• Stored items from a collection:

--

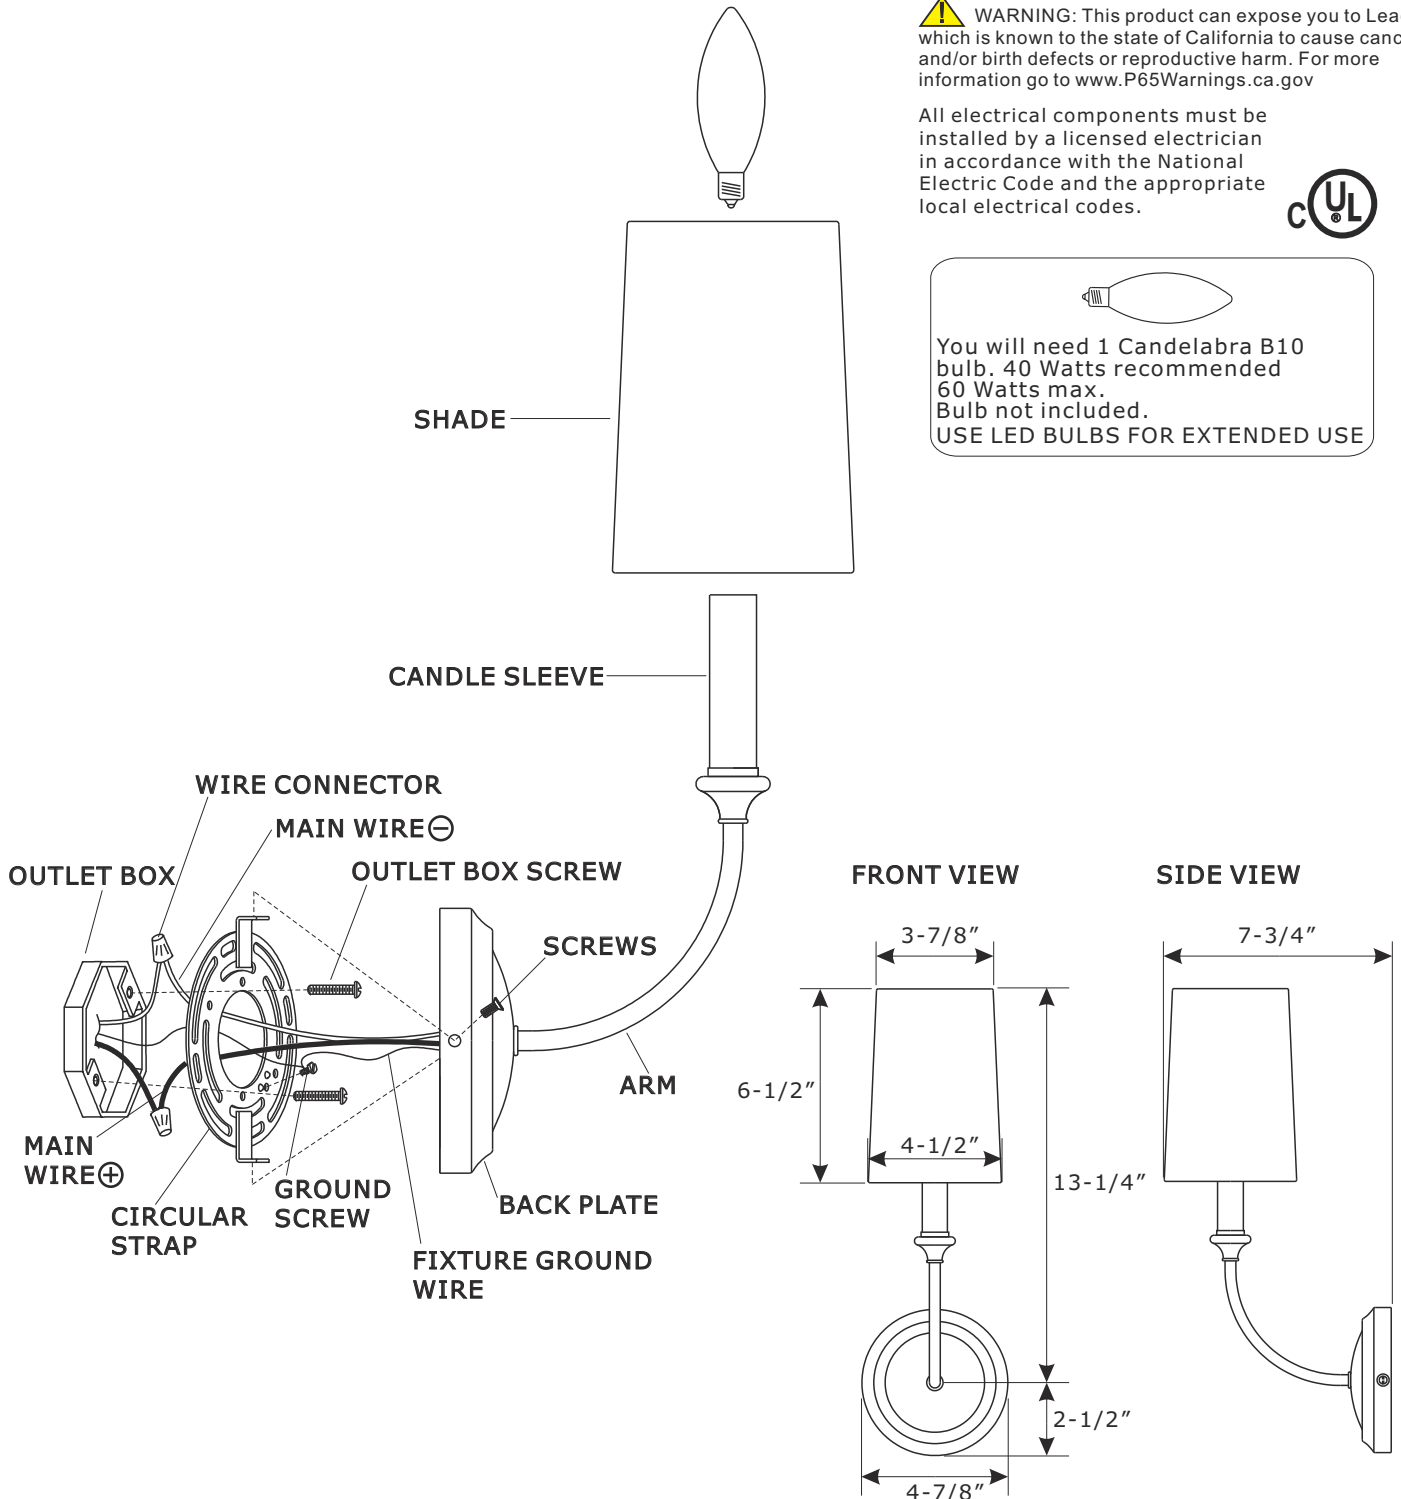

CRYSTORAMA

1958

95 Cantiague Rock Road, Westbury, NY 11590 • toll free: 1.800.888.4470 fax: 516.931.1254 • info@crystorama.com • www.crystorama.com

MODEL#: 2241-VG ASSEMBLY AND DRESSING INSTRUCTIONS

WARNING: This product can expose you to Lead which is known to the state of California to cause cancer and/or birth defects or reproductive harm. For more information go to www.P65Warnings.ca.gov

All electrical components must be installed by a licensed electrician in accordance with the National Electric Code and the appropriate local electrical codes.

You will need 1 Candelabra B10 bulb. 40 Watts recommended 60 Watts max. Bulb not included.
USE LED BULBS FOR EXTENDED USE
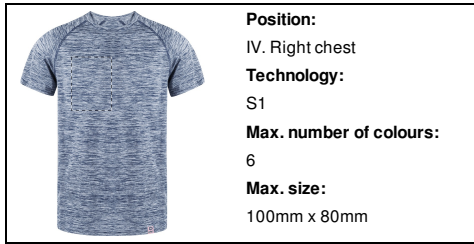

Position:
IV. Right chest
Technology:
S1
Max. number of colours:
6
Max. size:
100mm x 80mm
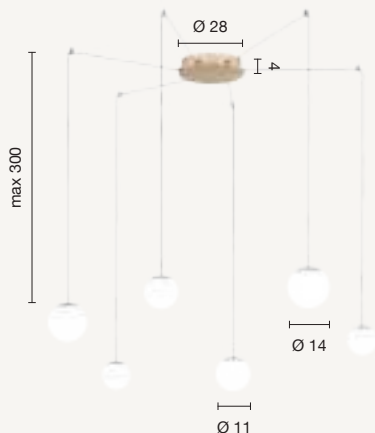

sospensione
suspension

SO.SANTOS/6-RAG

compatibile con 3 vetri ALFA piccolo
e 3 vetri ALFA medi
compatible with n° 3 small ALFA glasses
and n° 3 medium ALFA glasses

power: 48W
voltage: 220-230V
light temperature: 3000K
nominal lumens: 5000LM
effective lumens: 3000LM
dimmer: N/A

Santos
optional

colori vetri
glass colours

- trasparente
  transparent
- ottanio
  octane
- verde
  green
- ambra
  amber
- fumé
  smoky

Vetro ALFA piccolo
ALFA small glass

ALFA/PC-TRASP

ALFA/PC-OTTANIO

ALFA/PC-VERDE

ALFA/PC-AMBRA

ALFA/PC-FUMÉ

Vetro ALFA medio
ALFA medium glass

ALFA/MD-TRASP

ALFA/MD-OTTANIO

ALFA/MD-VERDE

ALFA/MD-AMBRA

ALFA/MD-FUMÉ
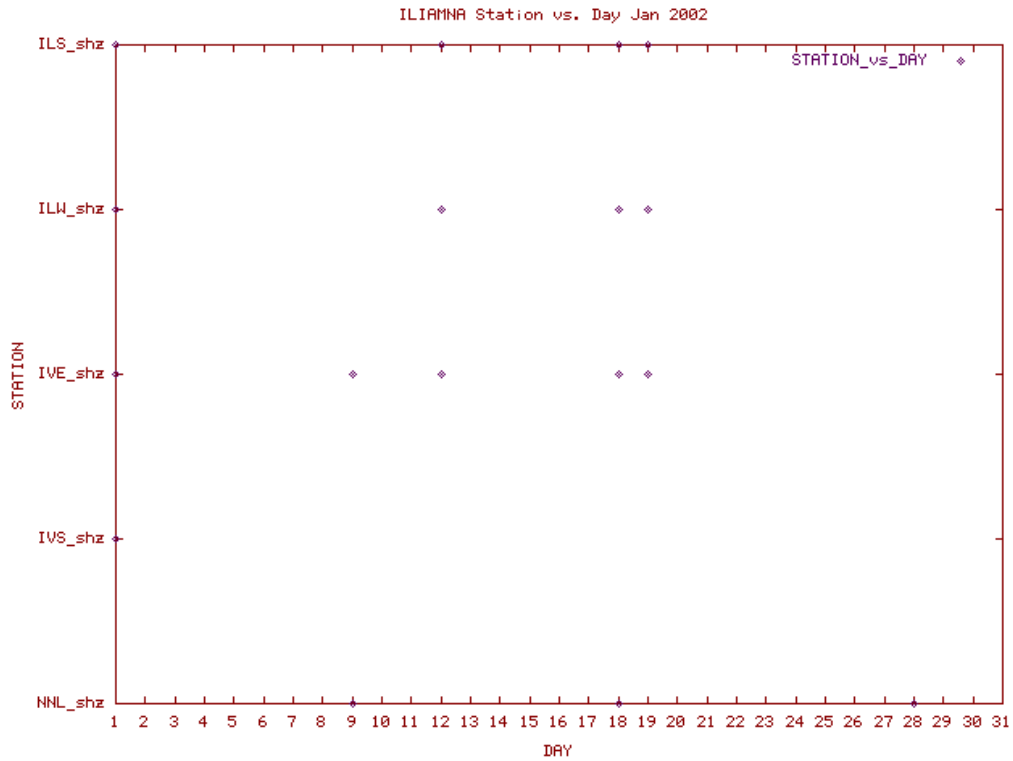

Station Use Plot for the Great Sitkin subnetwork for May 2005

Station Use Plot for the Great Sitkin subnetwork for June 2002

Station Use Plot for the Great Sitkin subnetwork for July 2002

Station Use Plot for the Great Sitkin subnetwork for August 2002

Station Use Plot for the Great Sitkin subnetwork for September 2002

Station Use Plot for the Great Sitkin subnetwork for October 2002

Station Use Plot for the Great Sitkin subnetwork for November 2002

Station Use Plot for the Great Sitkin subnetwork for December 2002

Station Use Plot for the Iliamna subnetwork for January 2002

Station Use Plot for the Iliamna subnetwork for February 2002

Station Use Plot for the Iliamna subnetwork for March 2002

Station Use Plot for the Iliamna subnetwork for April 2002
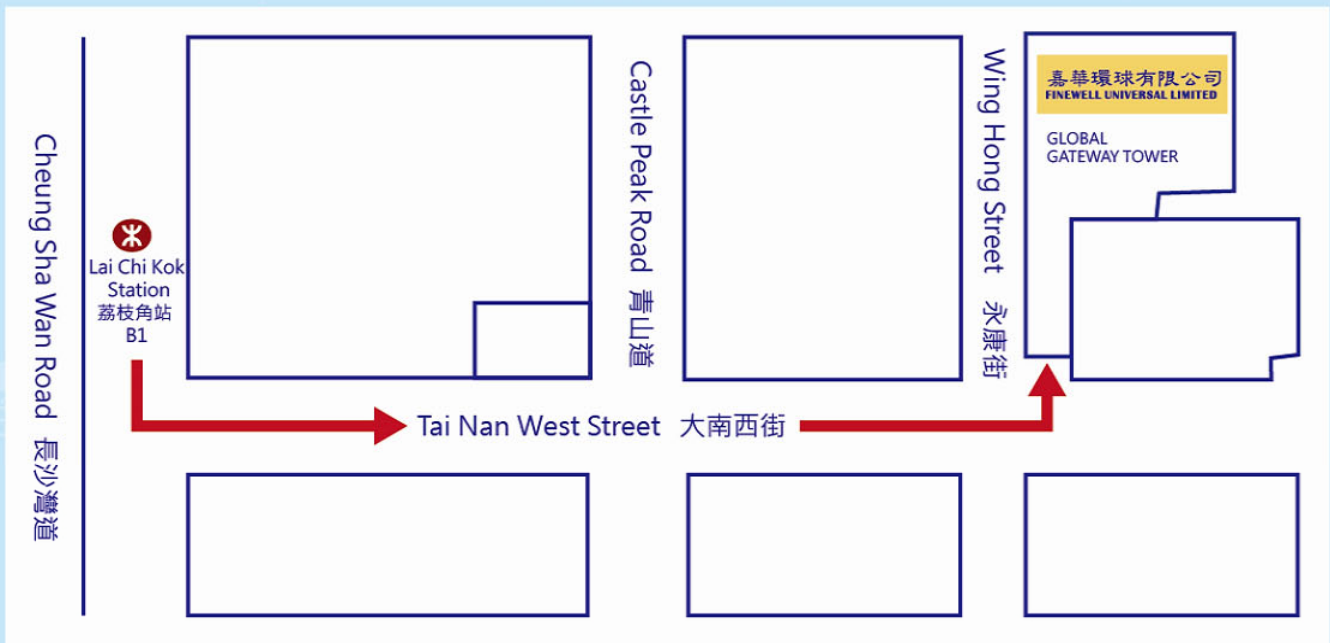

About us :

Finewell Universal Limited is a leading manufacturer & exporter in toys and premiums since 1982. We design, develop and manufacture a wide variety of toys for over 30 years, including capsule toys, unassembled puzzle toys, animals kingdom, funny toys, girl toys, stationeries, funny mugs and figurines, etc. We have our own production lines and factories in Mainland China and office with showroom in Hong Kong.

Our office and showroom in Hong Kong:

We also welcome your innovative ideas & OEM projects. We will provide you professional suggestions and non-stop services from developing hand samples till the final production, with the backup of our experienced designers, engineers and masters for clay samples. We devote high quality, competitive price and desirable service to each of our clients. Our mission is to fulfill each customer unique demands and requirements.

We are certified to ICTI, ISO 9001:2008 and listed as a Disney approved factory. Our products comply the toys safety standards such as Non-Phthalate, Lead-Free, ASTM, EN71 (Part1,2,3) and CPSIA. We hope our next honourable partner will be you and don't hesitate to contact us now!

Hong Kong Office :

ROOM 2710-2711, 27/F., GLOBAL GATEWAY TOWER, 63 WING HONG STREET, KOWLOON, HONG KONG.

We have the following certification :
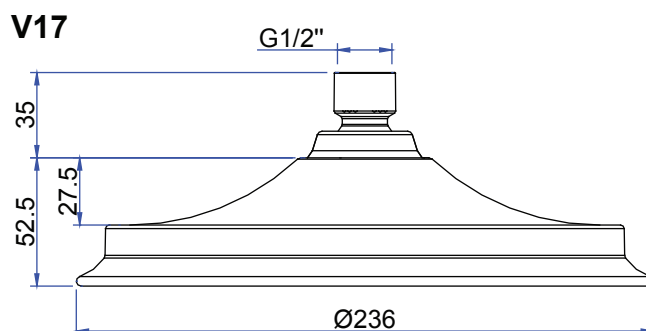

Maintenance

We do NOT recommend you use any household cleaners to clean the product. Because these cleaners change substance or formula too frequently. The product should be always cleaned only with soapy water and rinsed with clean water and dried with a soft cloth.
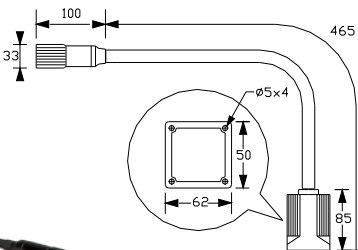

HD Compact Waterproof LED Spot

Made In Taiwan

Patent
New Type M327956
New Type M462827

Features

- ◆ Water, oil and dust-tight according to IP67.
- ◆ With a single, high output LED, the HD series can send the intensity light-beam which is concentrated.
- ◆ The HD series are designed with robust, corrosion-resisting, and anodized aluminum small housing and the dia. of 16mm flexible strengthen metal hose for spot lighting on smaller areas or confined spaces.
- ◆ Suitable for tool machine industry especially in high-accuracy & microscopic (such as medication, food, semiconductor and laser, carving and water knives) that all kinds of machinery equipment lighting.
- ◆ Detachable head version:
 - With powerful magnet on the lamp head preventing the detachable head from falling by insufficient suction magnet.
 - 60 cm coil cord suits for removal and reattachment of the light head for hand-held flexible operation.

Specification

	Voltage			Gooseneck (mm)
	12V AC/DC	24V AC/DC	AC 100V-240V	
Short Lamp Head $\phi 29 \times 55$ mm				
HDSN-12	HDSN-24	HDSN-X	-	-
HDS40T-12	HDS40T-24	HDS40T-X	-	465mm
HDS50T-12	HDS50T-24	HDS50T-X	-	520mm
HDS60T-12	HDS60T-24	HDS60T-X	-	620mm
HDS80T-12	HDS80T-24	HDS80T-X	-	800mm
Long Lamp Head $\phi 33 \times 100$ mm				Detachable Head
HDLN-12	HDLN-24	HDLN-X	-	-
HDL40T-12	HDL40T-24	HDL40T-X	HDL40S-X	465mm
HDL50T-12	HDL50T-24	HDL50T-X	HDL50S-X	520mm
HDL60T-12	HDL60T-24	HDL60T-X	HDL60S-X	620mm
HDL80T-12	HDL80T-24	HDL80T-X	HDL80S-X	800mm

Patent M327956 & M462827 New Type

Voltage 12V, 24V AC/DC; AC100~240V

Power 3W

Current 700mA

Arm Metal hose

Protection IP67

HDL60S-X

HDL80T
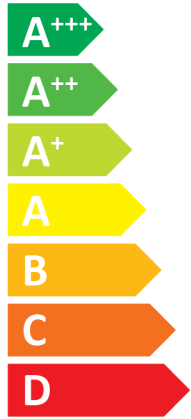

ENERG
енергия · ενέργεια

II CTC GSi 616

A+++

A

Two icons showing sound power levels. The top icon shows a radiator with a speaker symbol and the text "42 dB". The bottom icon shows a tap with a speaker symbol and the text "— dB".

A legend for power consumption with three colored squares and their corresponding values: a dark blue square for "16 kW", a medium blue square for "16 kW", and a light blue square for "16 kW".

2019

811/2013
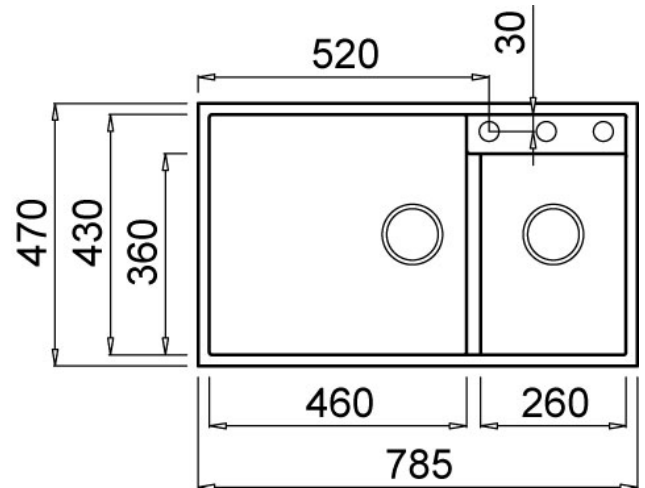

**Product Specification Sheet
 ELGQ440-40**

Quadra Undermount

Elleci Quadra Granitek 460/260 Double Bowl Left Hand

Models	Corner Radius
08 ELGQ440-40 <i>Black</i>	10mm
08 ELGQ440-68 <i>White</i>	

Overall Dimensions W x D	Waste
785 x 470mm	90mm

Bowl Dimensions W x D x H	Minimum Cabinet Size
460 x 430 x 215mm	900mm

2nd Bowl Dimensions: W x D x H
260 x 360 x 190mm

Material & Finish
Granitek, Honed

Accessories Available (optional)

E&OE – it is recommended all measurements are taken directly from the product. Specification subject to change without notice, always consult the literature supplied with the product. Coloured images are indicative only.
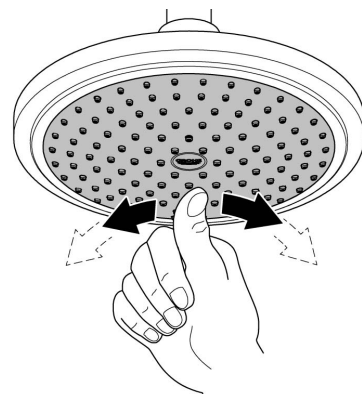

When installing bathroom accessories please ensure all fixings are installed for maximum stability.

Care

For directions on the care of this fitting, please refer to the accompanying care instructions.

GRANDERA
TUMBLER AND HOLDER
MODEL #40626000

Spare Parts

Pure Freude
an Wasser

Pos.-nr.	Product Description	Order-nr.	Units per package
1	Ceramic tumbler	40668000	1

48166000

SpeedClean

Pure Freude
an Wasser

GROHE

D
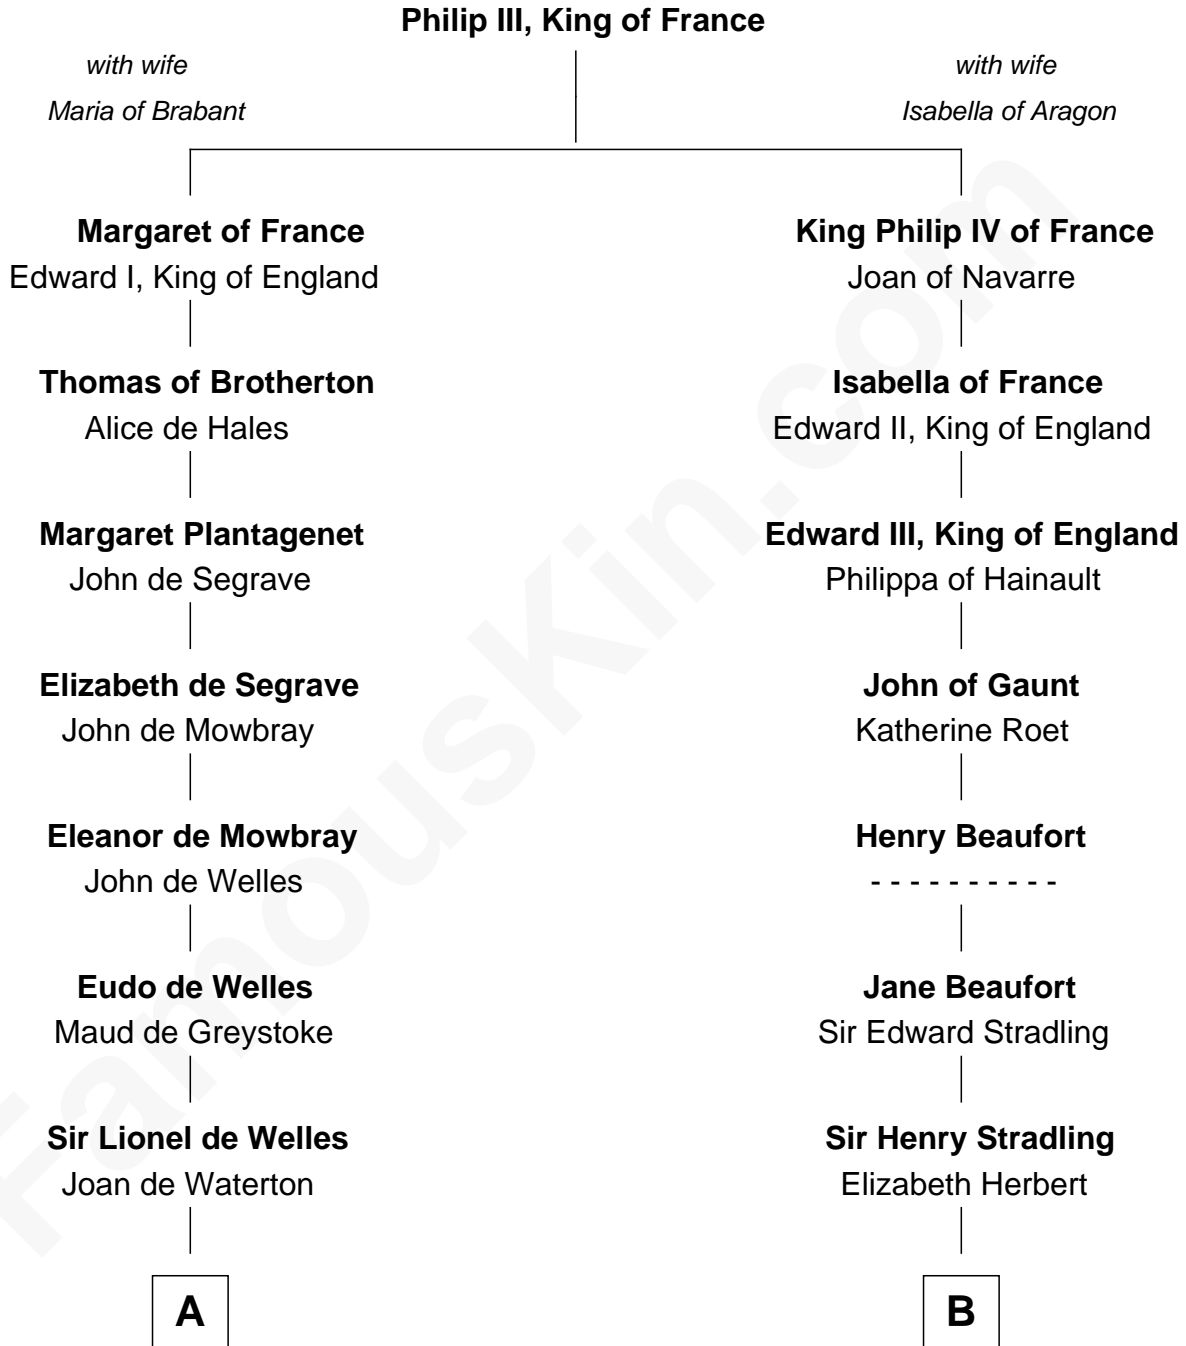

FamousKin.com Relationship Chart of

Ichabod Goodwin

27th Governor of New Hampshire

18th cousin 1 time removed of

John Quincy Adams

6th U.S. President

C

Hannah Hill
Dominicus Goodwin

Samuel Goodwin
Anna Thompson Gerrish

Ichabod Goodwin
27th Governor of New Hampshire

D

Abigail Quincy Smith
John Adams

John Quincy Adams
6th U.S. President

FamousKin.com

--

Pictures are to be left out while the lines from the beginning of the records through the line with "WARNING: This product" are copied word for word.

CRYSTORAMA

1958

95 Cantiague Rock Road, Westbury, NY 11590 • toll free: 1.800.888.4470 fax: 516.931.1254 • info@crystorama.com • www.crystorama.com

MODEL#: 2241-VG ASSEMBLY AND DRESSING INSTRUCTIONS

WARNING: This product can expose you to Lead which is known to the state of California to cause cancer and/or birth defects or reproductive harm. For more information go to www.P65Warnings.ca.gov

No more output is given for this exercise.